Can we estimate the difference between $S_n-\pi$ where $S_n$ is the truncated BBP formula for $\pi$?

Question

The truncated BBP formula for $\pi$ is \begin{align*} S_{n}=\sum_{k=0}^{n}\left( \frac{4}{16^k(8k+1)} -\frac{2}{16^k(8k+4)} -\frac{1}{16^k(8k+5)} -\frac{1}{16^k(8k+6)}\right) \end{align*} where $\lim_{n\to\infty}S_n=\pi$. Is possible to find an upper bound for $|S_n-\pi|$ that is, $|S_n-\pi|<f(n)$ where $\lim_{n\to\infty}f(n)=0$ ? I played around with SageMath and conjectured that $f(n)=1/n!^3$ is acceptable.
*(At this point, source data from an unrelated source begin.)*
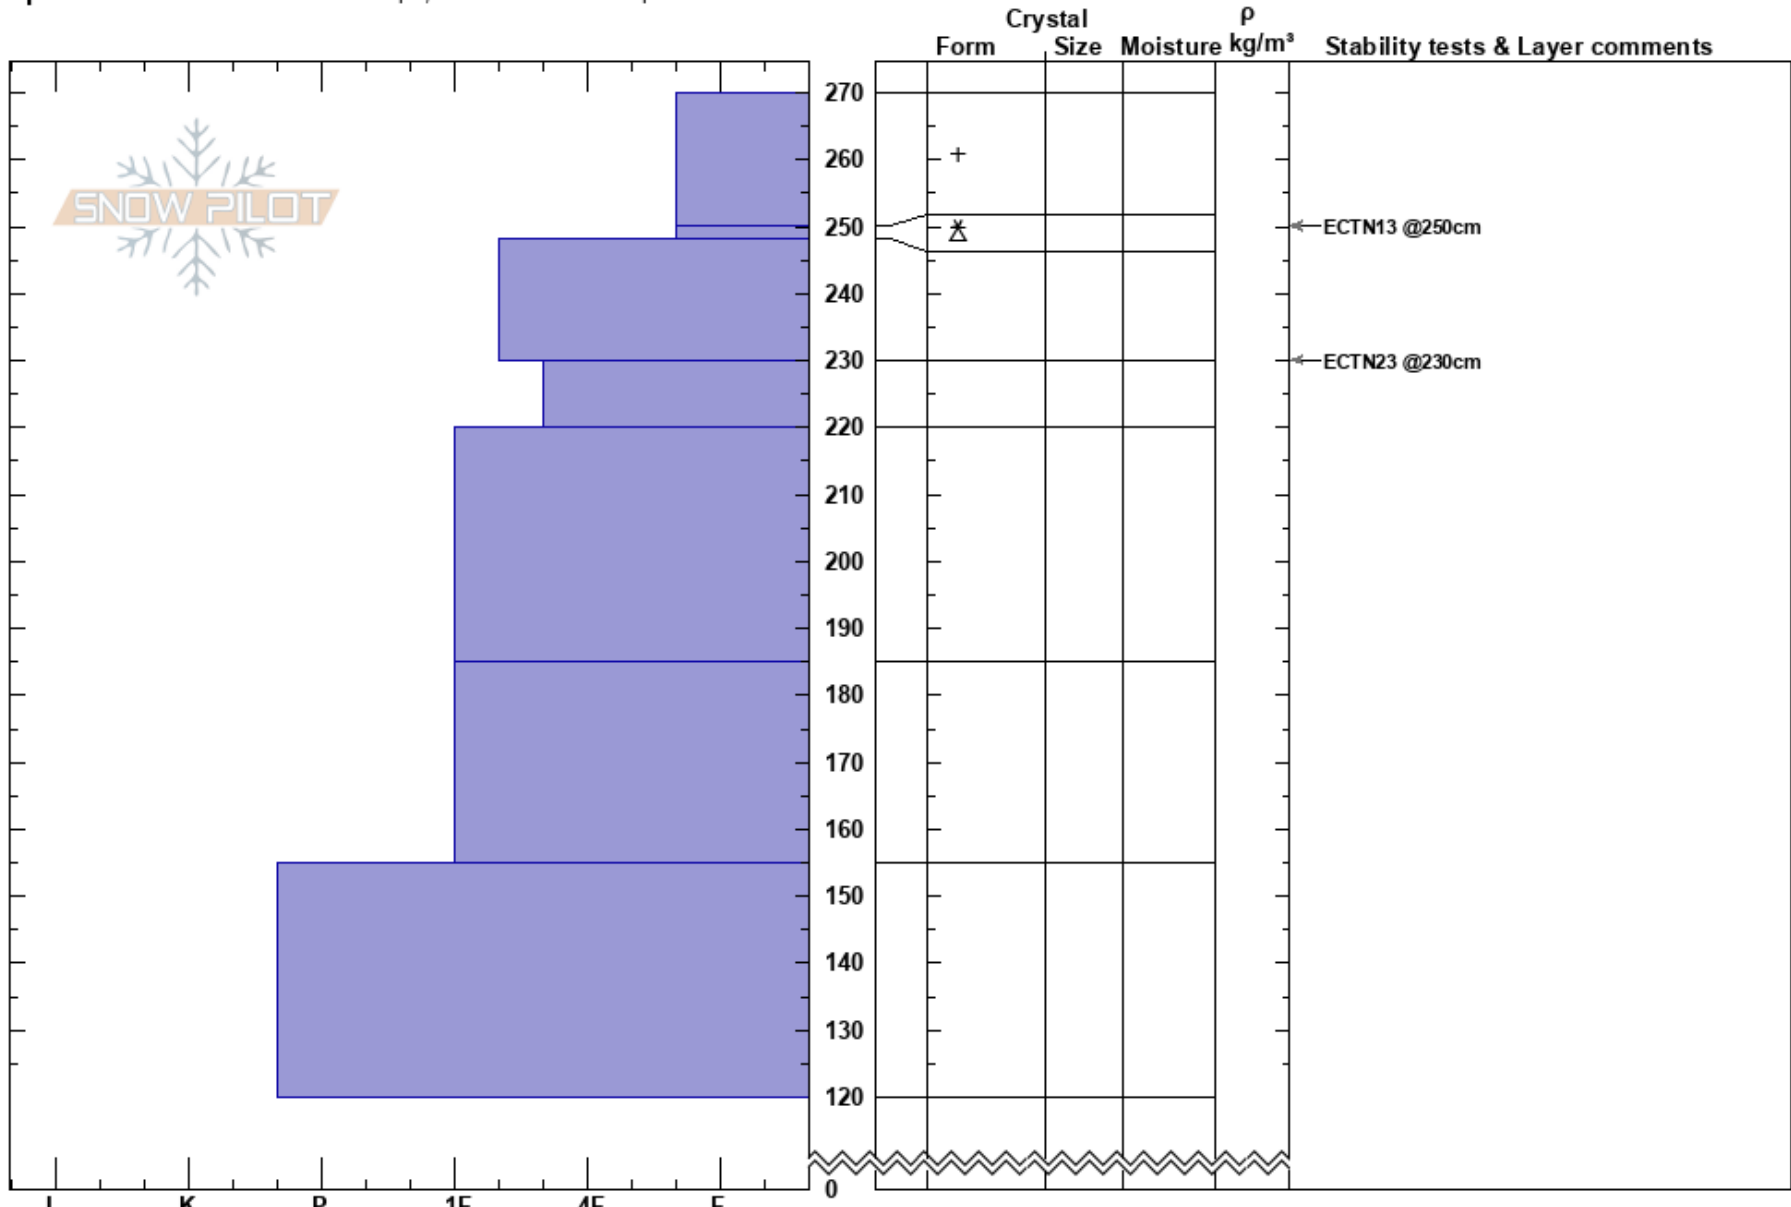

Wolverine - Cooke City

Ian Hoyer

Stability: Good

HS:270

Layer Notes:

Cooke City

02/17/2019 - 1:30pm

Air Temperature:

PF:30

MT

Co-ord: 45.05652N, -109.99549W

Sky Cover: OVC

Elevation: 9000 ft

Slope Angle: 31°

Precipitation: NO

Aspect: 60°

Wind Loading: previous

Wind: Calm

Specifics: Snowmobile tracks on slope; We snowmobiled slope

Notes:

But this could be false. (Edit: to find this upper bound actually I changed the upper limit of $S_n$ from $n$ to $n \ln n$

Answer 1

First, note that \begin{align*} \sum\limits_{k = n + 1}^\infty {\frac{1}{{16^k (8k + m)}}} & = \frac{1}{{16^{n + 1} 8}}\sum\limits_{k = 0}^\infty {\frac{1}{{16^k ((n + 1) + k + m/8)}}} \\ & = \frac{1}{{16^{n + 1} 8}}\sum\limits_{k = 0}^\infty {\frac{1}{16^k }\int_0^{ + \infty } {{\rm e}^{ - (n + 1)t} {\rm e}^{ - kt}{\rm e}^{ - mt/8} {\rm d}t} } \\ & = \frac{1}{{16^{n + 1} 8}}\int_0^{ + \infty } {{\rm e}^{ - (n + 1)t} {\rm e}^{ - mt/8} \sum\limits_{k = 0}^\infty {\frac{{{\rm e}^{ - kt} }}{{16^k }}} {\rm d}t} \\ & = \frac{2}{{16^{n + 1} }}\int_0^{ + \infty } {{\rm e}^{ - (n + 1)t} \frac{{{\rm e}^{ - mt/8} }}{{16 - {\rm e}^{ - t} }}{\rm d}t} , \end{align*} for any $n\ge 0$ and $m\ge 0$. Thus, we can re-write the tail as an integral: $$\tag{1} \pi - S_n = \frac{2}{{16^{n + 1} }}\int_0^{ + \infty } {{\rm e}^{ - (n + 1)t} \frac{{4{\rm e}^{ - t/8} - 2{\rm e}^{ - 4t/8} - {\rm e}^{ - 5t/8} - {\rm e}^{ - 6t/8} }}{{16 - {\rm e}^{ - t} }}{\rm d}t} . $$ It can be verified that $$\tag{2} \frac{1}{t} \times \frac{{4{\rm e}^{ - t/8} - 2{\rm e}^{ - 4t/8} - {\rm e}^{ - 5t/8} - {\rm e}^{ - 6t/8} }}{{16 - {\rm e}^{ - t} }} $$ is completely monotonic for $t\ge 0$ (see below). Thus, in particular, $$ \frac{t}{8} - \frac{{7t^2 }}{{128}} \le \frac{{4{\rm e}^{ - t/8} - 2{\rm e}^{ - 4t/8} - {\rm e}^{ - 5t/8} - {\rm e}^{ - 6t/8} }}{{16 - {\rm e}^{ - t} }} \le \frac{t}{8} $$ for any $t>0$. Accordingly, $$\boxed{ \frac{1}{4}\frac{1}{{16^{n + 1} (n + 1)^2 }} - \frac{7}{{32}}\frac{1}{{16^{n + 1} (n + 1)^3 }} \le \pi - S_n \le \frac{1}{4}\frac{1}{{16^{n + 1} (n + 1)^2 }}} $$ for any $n\ge 0$. An application of Watson's lemma to $(1)$ yields the asymptotic expansion $${\small \pi - S_n \sim \frac{1}{4}\frac{1}{{16^{n + 1} (n + 1)^2 }}\left( {1 - \frac{7}{8}\frac{1}{{n + 1}} + \frac{{55}}{{64}}\frac{1}{{(n + 1)^2 }} - \frac{{595}}{{512}}\frac{1}{{(n + 1)^3 }} + \frac{{8551}}{{4096}}\frac{1}{{(n + 1)^4 }} - \ldots } \right)} $$ as $n\to+\infty$. It can be shown that by taking $\lfloor(4\log 2)(n + 1)\rfloor$ terms in this asymptotic expansion, the overall absolute error is $\mathcal{O}(n^{ - 1/2} \cdot 256^{ - n} )$.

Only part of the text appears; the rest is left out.